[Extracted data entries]
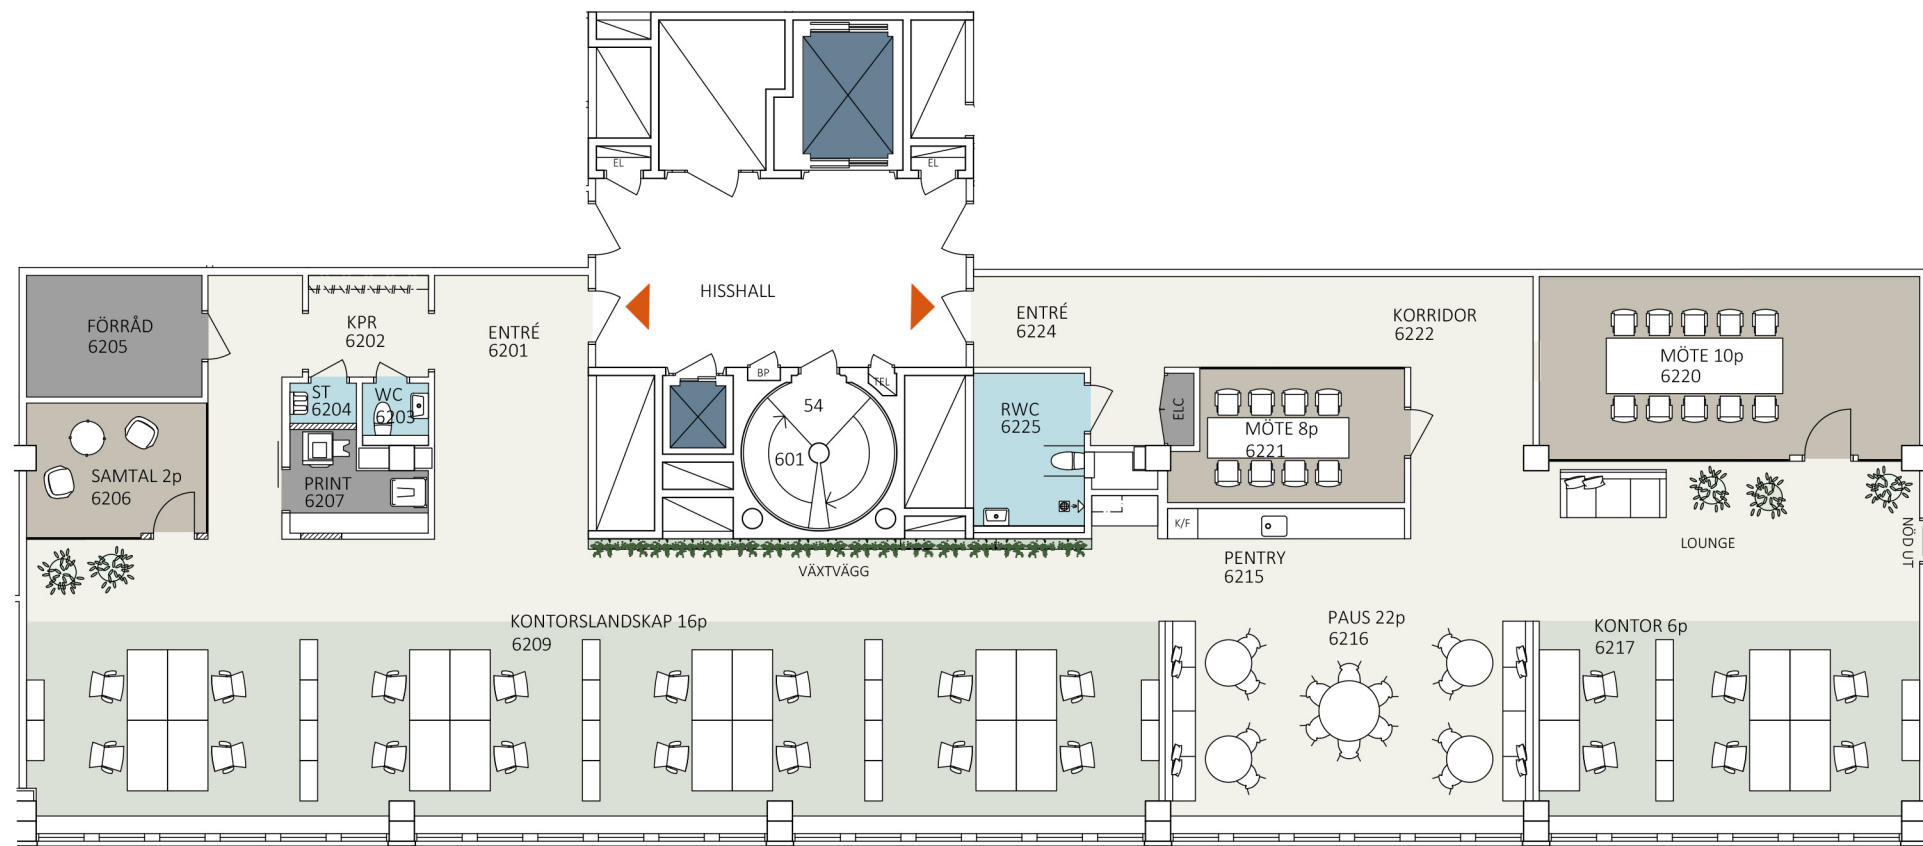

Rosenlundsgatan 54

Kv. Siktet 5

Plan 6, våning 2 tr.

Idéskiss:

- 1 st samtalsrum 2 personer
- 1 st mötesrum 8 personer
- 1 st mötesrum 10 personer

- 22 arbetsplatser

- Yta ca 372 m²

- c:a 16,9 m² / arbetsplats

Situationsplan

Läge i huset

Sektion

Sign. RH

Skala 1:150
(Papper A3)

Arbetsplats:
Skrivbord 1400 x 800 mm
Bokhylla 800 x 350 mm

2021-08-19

---

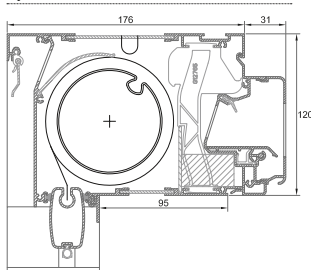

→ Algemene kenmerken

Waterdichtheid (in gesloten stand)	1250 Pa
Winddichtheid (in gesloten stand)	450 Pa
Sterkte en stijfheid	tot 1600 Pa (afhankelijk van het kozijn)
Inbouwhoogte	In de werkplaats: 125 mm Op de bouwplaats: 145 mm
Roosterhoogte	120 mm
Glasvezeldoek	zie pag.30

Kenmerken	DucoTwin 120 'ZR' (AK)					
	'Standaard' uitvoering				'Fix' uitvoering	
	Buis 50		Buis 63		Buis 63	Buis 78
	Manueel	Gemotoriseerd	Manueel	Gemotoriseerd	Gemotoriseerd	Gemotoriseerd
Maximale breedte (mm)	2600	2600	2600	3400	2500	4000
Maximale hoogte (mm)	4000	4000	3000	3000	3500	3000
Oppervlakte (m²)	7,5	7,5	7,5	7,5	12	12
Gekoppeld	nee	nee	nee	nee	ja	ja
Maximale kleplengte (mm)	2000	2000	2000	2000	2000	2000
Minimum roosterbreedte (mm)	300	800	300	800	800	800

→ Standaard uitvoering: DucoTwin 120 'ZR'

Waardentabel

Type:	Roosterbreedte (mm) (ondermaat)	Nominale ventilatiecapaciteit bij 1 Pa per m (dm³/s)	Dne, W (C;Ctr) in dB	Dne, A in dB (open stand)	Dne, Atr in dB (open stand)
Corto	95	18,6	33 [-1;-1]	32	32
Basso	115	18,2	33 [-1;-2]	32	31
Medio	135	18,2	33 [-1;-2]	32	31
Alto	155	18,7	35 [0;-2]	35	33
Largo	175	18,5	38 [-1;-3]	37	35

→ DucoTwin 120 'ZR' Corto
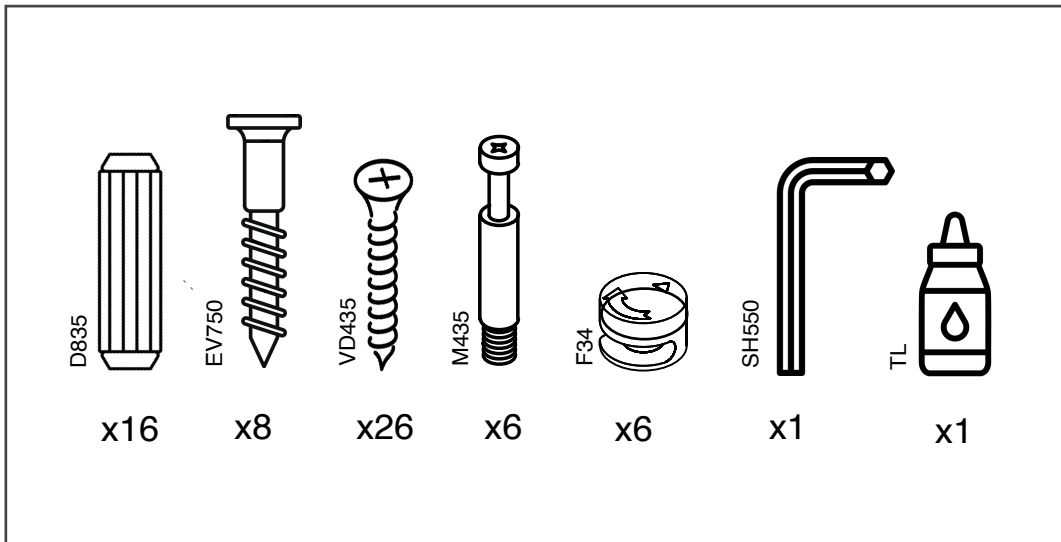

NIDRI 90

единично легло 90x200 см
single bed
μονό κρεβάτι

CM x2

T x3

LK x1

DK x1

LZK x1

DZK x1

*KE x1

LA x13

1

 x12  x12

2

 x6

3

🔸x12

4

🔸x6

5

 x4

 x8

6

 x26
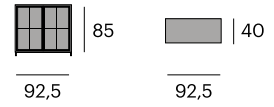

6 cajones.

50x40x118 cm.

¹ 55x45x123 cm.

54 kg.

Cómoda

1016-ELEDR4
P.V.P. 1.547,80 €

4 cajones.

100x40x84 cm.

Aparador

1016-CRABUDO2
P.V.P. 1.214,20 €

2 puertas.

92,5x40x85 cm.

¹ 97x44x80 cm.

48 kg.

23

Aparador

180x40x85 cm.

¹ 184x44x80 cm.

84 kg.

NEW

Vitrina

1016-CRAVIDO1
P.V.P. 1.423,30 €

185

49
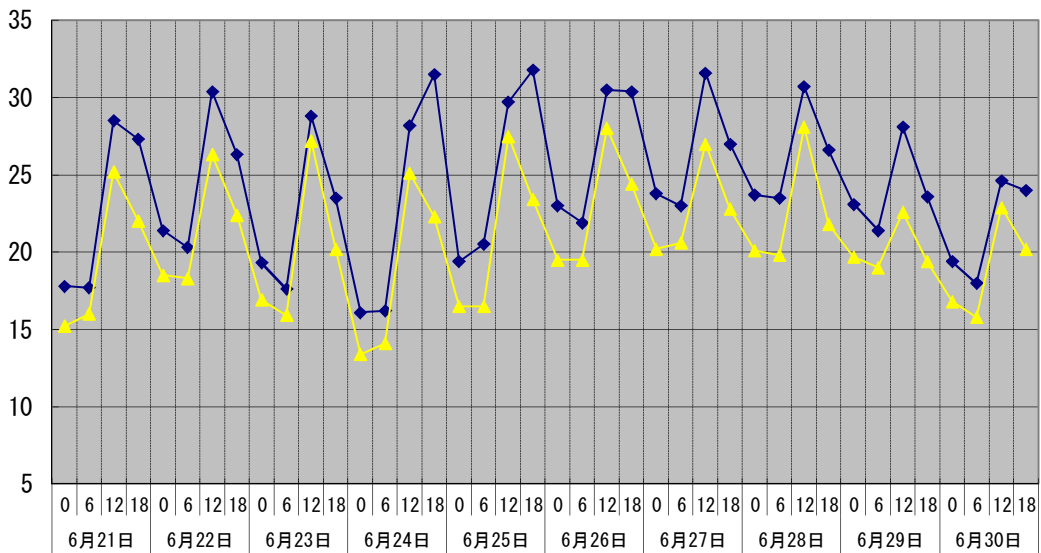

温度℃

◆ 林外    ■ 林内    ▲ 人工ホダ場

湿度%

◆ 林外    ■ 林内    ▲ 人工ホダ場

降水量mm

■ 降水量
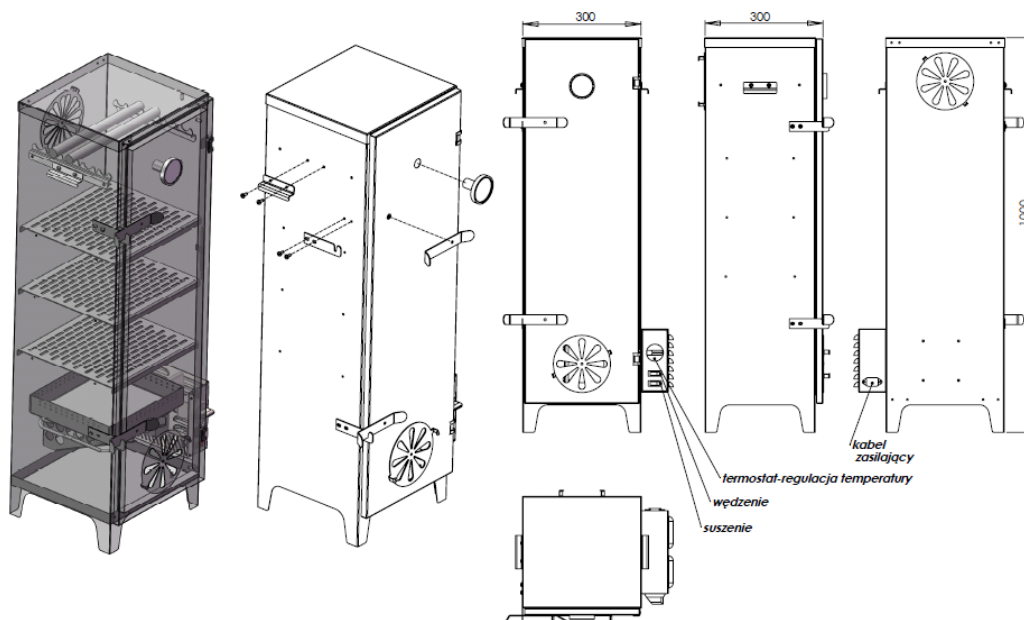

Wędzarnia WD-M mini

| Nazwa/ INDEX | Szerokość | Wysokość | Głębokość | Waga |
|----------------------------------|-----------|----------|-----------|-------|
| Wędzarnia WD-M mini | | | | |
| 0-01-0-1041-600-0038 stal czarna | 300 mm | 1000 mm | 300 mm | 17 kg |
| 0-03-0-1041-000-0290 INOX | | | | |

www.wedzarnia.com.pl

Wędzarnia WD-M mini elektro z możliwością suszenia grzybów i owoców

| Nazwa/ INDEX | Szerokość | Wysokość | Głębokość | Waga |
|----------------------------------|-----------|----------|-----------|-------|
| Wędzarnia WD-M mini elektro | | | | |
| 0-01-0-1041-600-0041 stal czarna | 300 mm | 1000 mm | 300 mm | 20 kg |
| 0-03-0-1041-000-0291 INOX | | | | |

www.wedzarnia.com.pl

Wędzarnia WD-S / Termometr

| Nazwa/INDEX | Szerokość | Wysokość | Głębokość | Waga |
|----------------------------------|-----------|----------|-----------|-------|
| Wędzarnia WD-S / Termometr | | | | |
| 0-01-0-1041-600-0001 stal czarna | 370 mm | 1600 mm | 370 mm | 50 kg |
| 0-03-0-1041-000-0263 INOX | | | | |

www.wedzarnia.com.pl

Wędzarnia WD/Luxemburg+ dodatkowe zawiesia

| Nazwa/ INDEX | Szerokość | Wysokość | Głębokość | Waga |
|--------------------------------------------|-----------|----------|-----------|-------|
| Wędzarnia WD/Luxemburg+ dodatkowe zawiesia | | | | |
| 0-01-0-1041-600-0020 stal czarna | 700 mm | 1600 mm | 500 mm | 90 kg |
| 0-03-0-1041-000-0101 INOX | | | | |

==

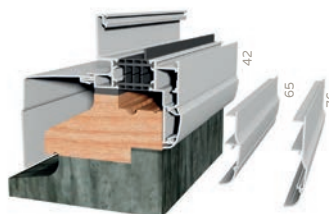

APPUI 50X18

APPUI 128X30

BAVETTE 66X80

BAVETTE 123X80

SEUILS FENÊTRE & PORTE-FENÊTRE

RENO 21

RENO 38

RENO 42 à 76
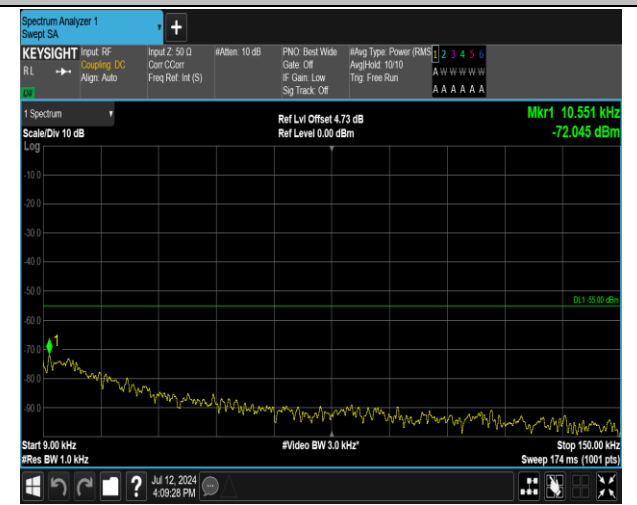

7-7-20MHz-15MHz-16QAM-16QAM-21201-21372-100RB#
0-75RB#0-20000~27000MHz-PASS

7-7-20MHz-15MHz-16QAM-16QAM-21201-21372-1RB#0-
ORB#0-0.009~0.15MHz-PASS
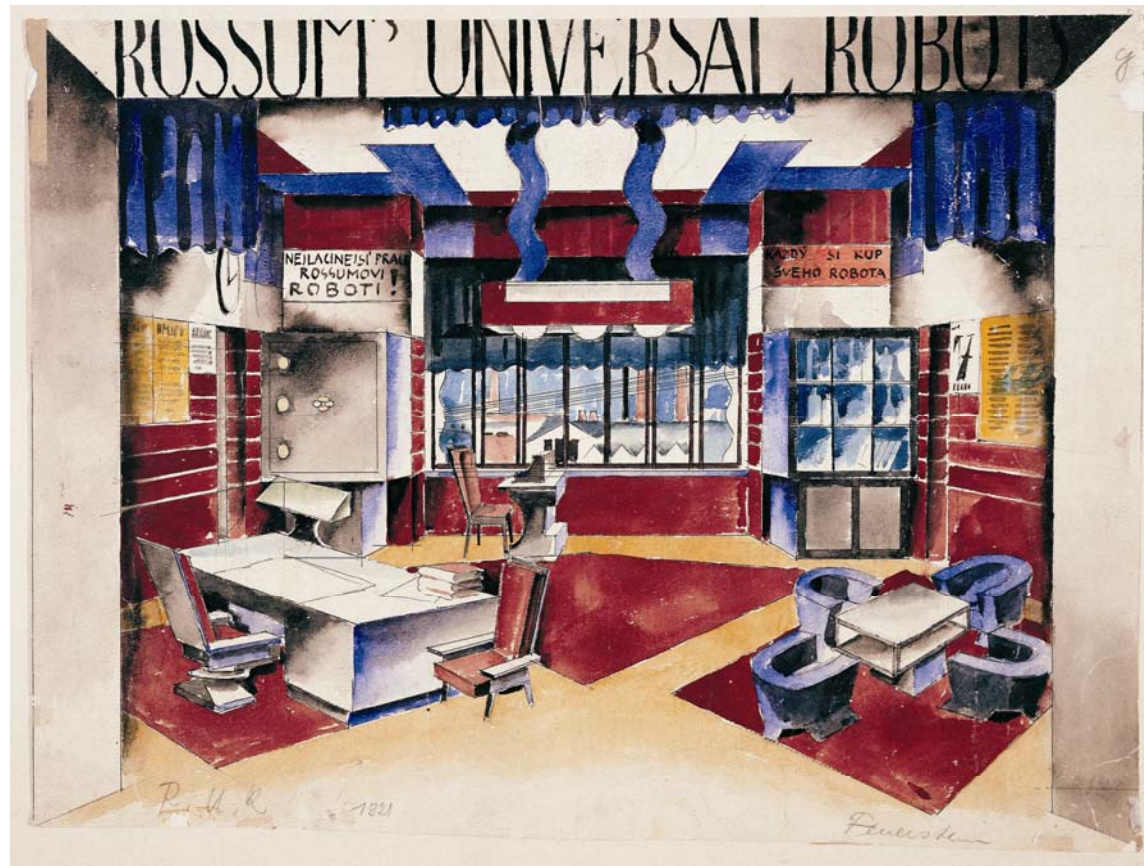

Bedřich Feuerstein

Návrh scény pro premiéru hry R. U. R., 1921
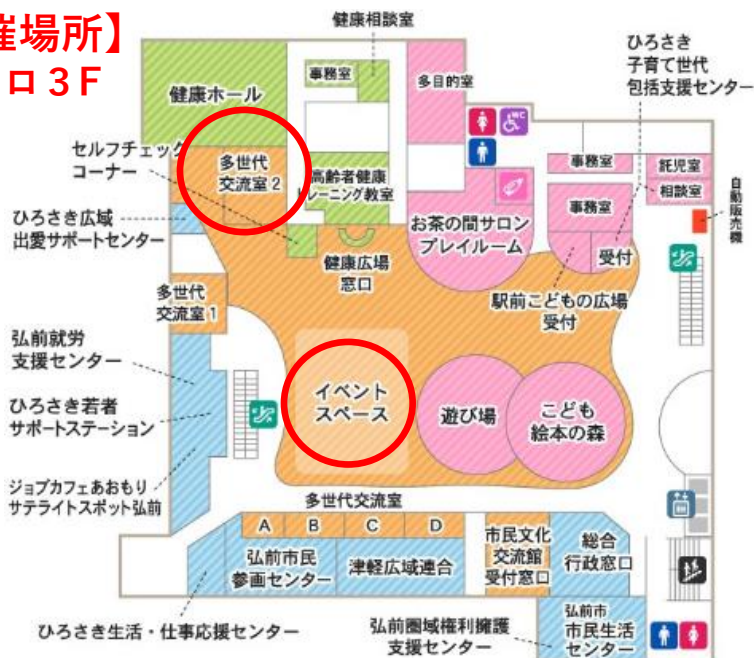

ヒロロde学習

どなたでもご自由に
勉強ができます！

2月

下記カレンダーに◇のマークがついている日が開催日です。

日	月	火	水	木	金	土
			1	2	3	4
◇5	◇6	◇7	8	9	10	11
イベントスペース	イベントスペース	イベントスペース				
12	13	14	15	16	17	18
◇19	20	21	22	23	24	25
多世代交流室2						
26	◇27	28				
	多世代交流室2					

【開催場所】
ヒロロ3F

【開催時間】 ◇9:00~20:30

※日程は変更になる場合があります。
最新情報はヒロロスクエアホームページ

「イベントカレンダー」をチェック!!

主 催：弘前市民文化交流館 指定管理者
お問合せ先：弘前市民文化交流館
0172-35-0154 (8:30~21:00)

• _What the task asks_: Which lines of the data include the word "stal"? Copy each one.

• _Task output_:
| 0-01-0-1041-600-0038 stal czarna | 300 mm | 1000 mm | 300 mm | 17 kg |
| 0-01-0-1041-600-0041 stal czarna | 300 mm | 1000 mm | 300 mm | 20 kg |
| 0-01-0-1041-600-0001 stal czarna | 370 mm | 1600 mm | 370 mm | 50 kg |
| 0-01-0-1041-600-0020 stal czarna | 700 mm | 1600 mm | 500 mm | 90 kg |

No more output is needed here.